# RECORDS FOR THIS EXERCISE
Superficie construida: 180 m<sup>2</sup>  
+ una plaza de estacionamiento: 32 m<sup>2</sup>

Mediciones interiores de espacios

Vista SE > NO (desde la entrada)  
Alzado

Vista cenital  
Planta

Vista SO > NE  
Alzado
---
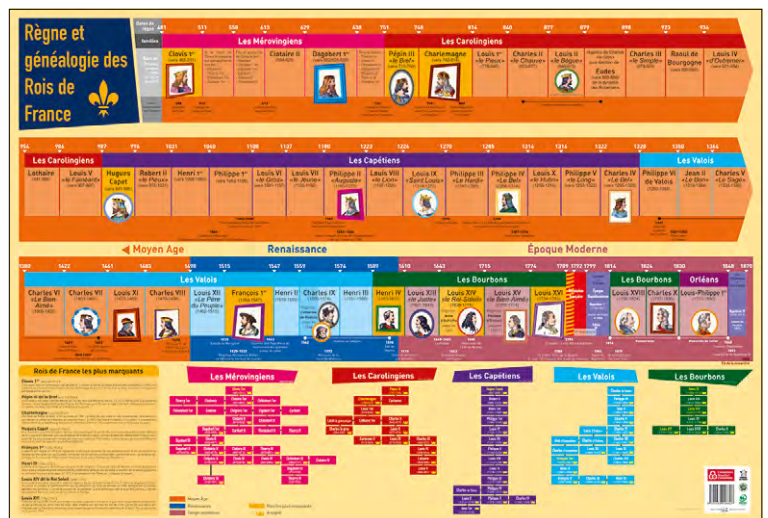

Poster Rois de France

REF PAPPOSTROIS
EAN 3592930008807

# DIRECTIONS
Report, from the entries above, each line where "Vista" is found.

# REPLY TO THE EXERCISE
Vista SE > NO (desde la entrada)  
Vista cenital  
Vista SO > NE  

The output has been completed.